[Saved entries]
--- --- ---

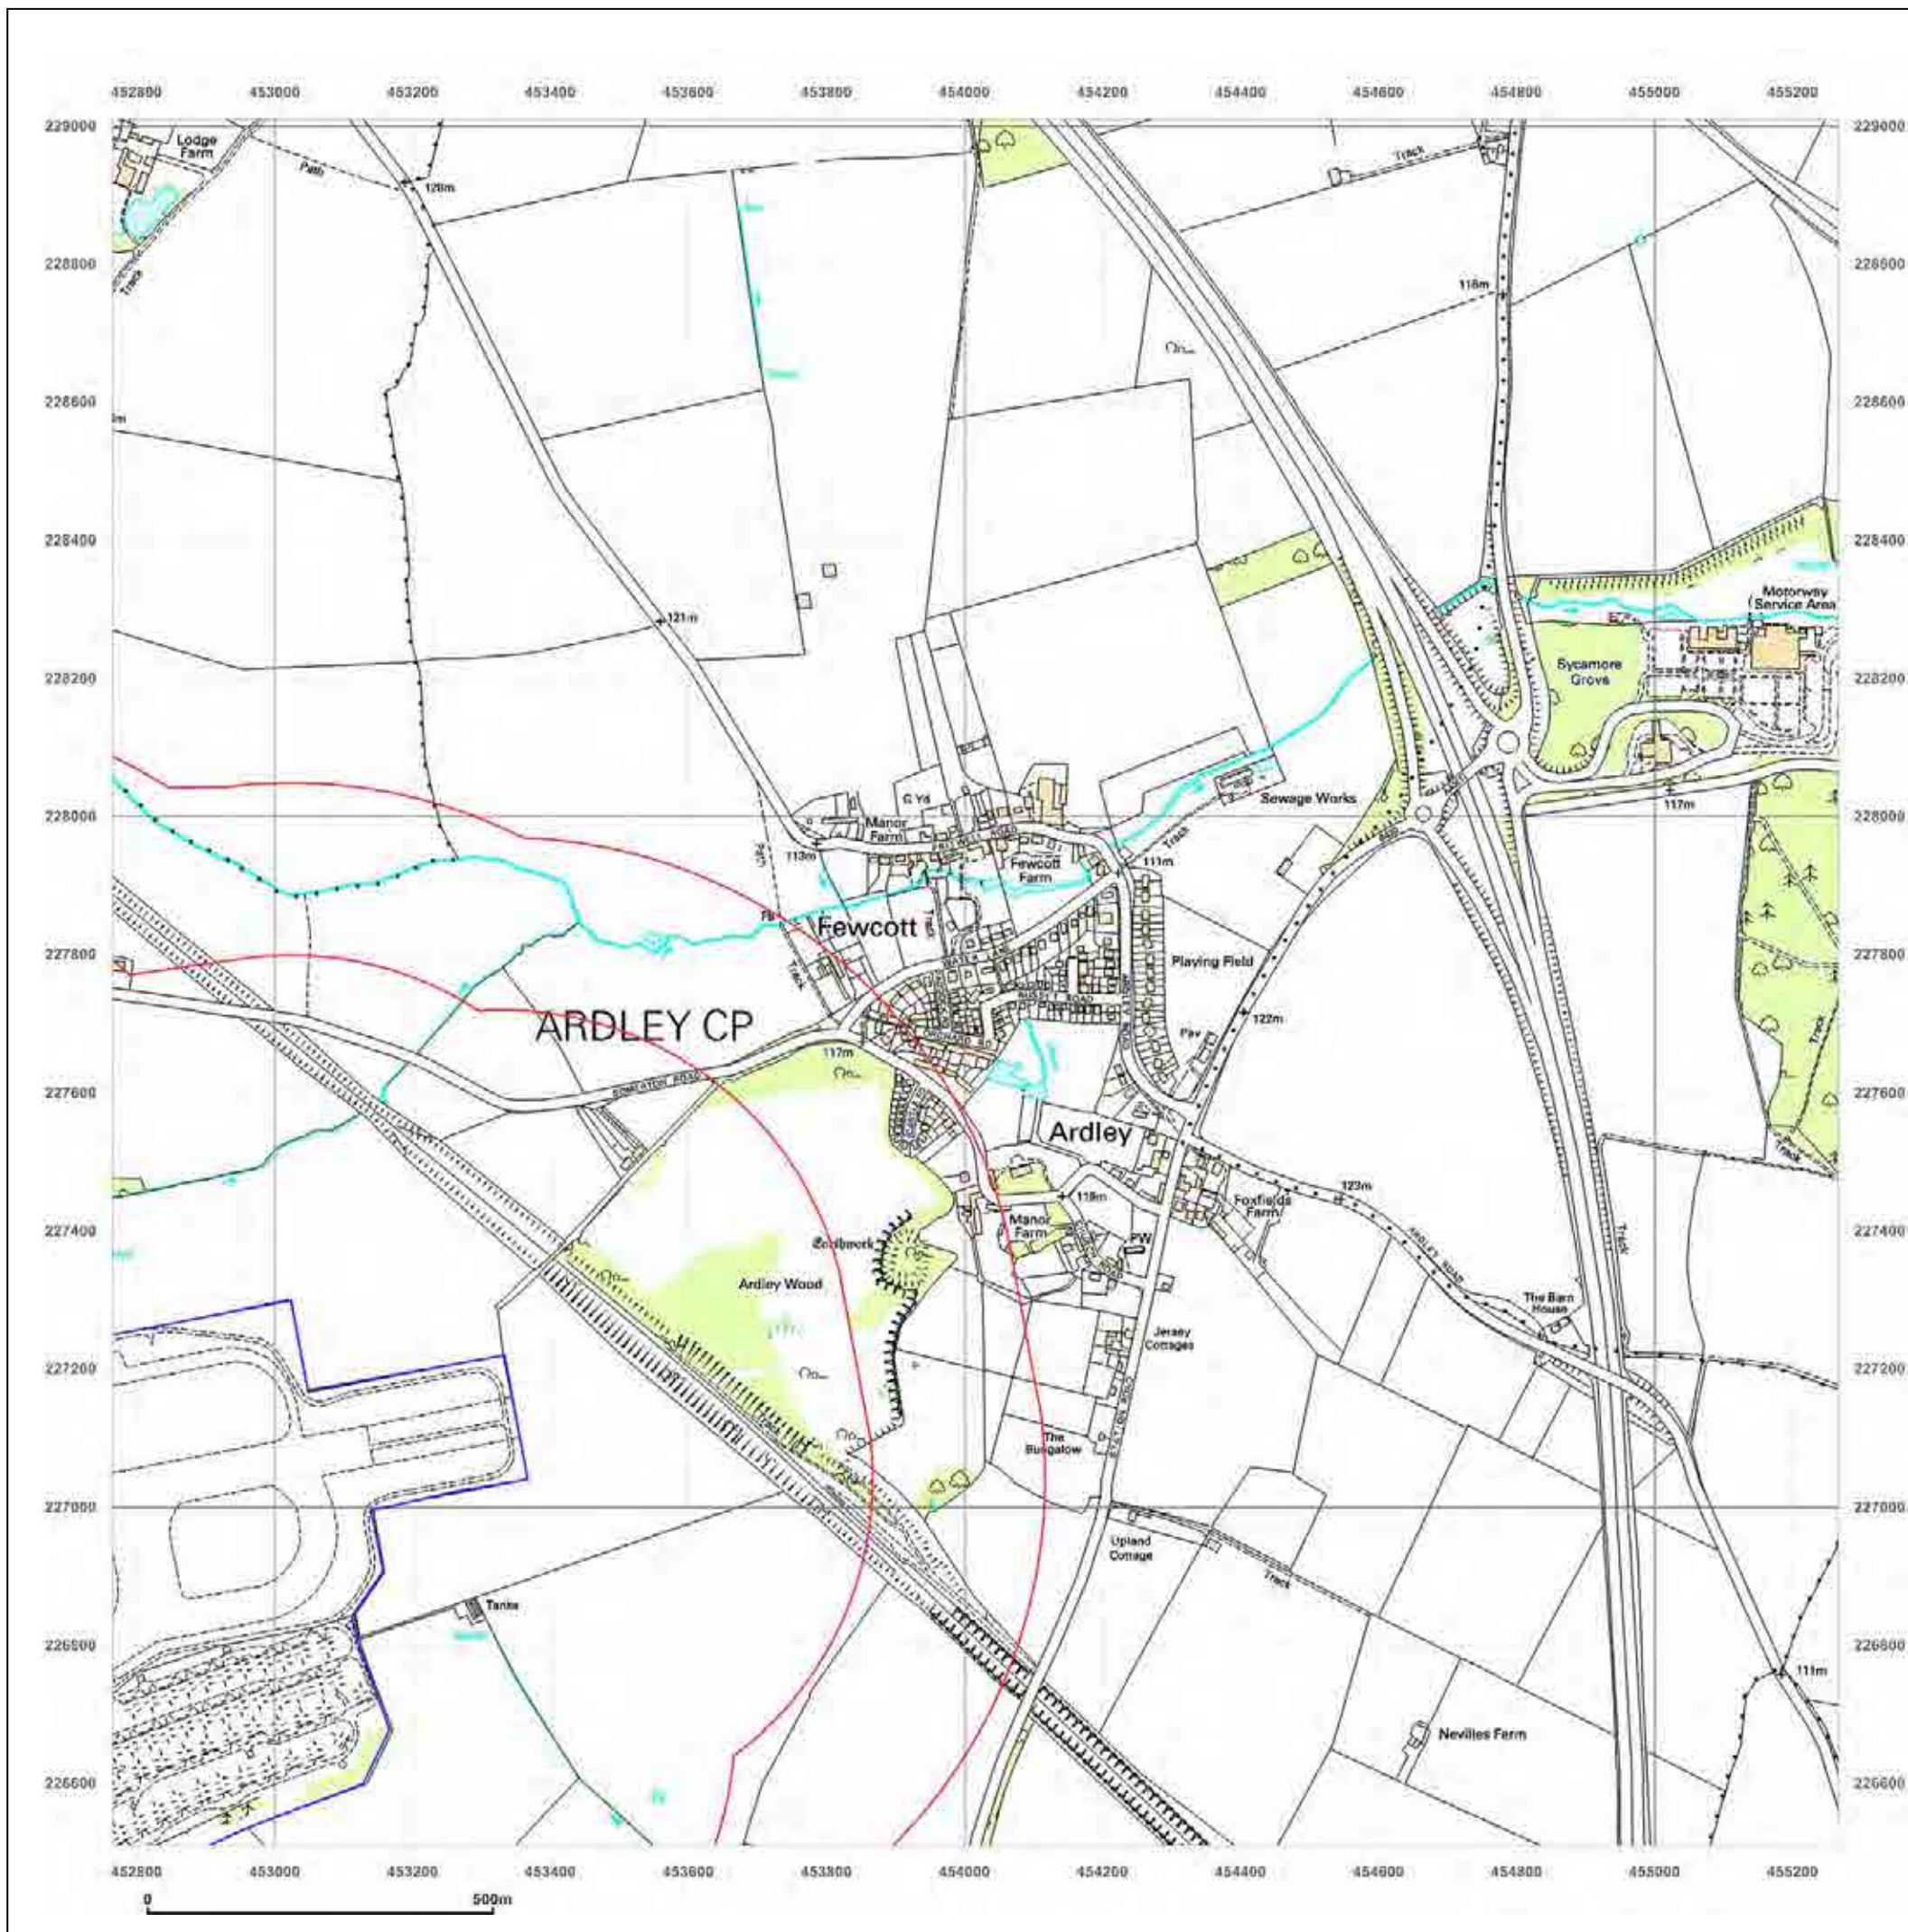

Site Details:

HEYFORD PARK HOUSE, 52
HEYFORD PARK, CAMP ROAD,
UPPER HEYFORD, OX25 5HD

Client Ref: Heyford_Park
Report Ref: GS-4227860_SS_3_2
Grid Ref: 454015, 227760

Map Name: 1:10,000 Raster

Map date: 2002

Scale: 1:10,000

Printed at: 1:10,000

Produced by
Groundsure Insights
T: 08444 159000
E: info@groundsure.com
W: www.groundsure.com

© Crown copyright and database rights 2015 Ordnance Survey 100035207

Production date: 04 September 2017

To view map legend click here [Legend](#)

--- --- ---

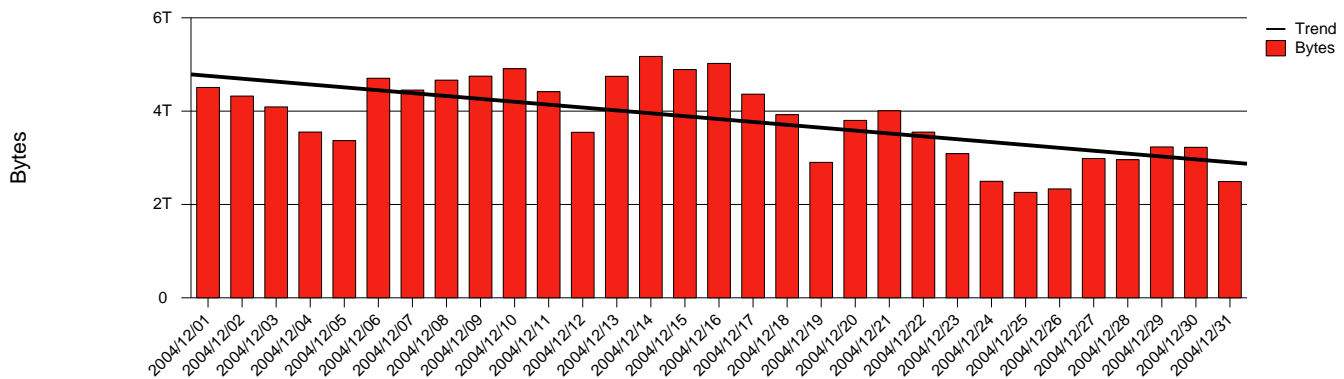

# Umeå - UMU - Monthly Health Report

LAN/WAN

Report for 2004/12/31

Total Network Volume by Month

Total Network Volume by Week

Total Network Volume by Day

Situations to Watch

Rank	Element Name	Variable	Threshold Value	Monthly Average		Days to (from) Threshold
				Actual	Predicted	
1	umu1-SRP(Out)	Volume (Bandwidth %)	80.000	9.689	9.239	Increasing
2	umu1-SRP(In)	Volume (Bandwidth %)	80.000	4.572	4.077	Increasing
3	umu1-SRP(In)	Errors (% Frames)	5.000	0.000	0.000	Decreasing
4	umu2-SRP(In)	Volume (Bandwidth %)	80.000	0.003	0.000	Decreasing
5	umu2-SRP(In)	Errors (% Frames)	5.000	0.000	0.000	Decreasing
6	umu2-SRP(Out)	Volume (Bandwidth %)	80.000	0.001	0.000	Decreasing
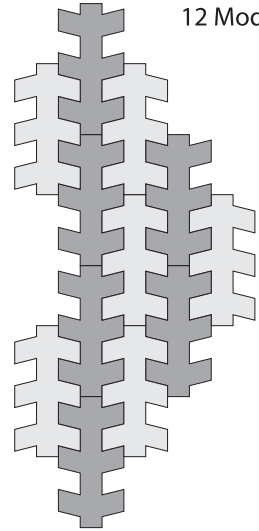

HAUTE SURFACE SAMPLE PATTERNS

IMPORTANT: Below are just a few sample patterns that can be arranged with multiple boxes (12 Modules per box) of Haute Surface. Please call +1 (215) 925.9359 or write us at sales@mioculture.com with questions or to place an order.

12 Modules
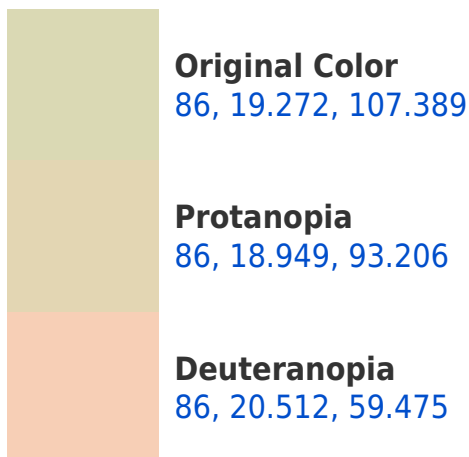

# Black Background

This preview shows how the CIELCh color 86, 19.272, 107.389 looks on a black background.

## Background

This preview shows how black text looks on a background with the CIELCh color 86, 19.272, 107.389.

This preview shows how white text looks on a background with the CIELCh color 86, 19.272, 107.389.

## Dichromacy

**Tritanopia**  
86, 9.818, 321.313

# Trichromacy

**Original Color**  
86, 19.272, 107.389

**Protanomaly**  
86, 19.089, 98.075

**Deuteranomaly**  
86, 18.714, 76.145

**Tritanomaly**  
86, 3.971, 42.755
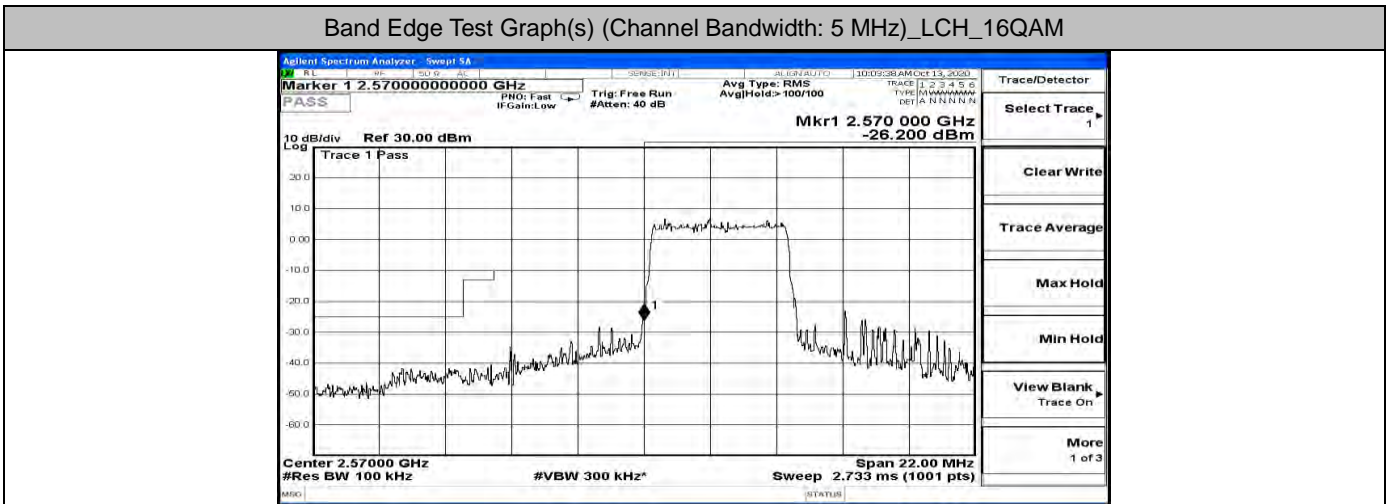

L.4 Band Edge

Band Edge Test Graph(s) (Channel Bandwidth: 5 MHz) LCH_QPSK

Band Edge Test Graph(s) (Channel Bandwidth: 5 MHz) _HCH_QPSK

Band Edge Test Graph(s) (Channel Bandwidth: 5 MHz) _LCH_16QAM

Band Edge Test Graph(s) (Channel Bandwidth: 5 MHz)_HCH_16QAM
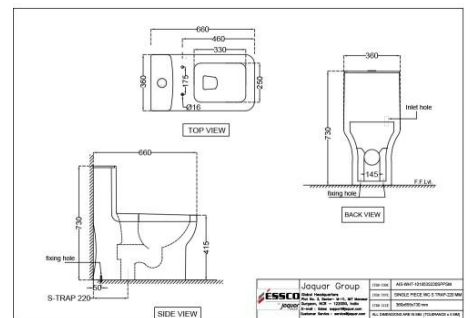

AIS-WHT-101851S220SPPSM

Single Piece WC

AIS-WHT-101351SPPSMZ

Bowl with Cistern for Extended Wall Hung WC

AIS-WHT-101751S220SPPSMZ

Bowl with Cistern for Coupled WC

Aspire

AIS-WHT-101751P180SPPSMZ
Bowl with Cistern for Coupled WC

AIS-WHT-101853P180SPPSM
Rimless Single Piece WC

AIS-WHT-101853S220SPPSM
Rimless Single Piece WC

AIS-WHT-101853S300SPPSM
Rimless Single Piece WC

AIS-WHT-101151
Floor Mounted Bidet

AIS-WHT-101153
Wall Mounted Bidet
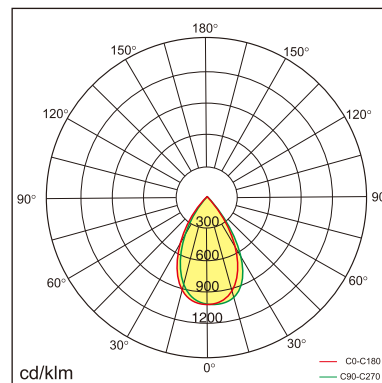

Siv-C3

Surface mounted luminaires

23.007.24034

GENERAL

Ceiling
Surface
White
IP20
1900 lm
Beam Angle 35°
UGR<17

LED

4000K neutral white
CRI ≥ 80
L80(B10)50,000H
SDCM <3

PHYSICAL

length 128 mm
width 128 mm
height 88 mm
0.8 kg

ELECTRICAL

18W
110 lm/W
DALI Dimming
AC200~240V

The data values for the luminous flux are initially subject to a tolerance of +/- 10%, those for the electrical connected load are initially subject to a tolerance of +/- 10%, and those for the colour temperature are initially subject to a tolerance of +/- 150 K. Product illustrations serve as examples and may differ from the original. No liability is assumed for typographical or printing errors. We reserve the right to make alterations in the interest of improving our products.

--- --- ---

REQUIRED ACTION:
Above are records; repeat only the lines from the line with "86, 19.089, 98.075" through the line with "Band Edge Test Graph(s) (Channel Bandwidth: 5 MHz) _HCH_QPSK", and leave pictures out.

RESULT OF THE EXERCISE:
86, 19.089, 98.075

**Deuteranomaly**  
86, 18.714, 76.145

**Tritanomaly**  
86, 3.971, 42.755

L.4 Band Edge

Band Edge Test Graph(s) (Channel Bandwidth: 5 MHz) LCH_QPSK

Band Edge Test Graph(s) (Channel Bandwidth: 5 MHz) _HCH_QPSK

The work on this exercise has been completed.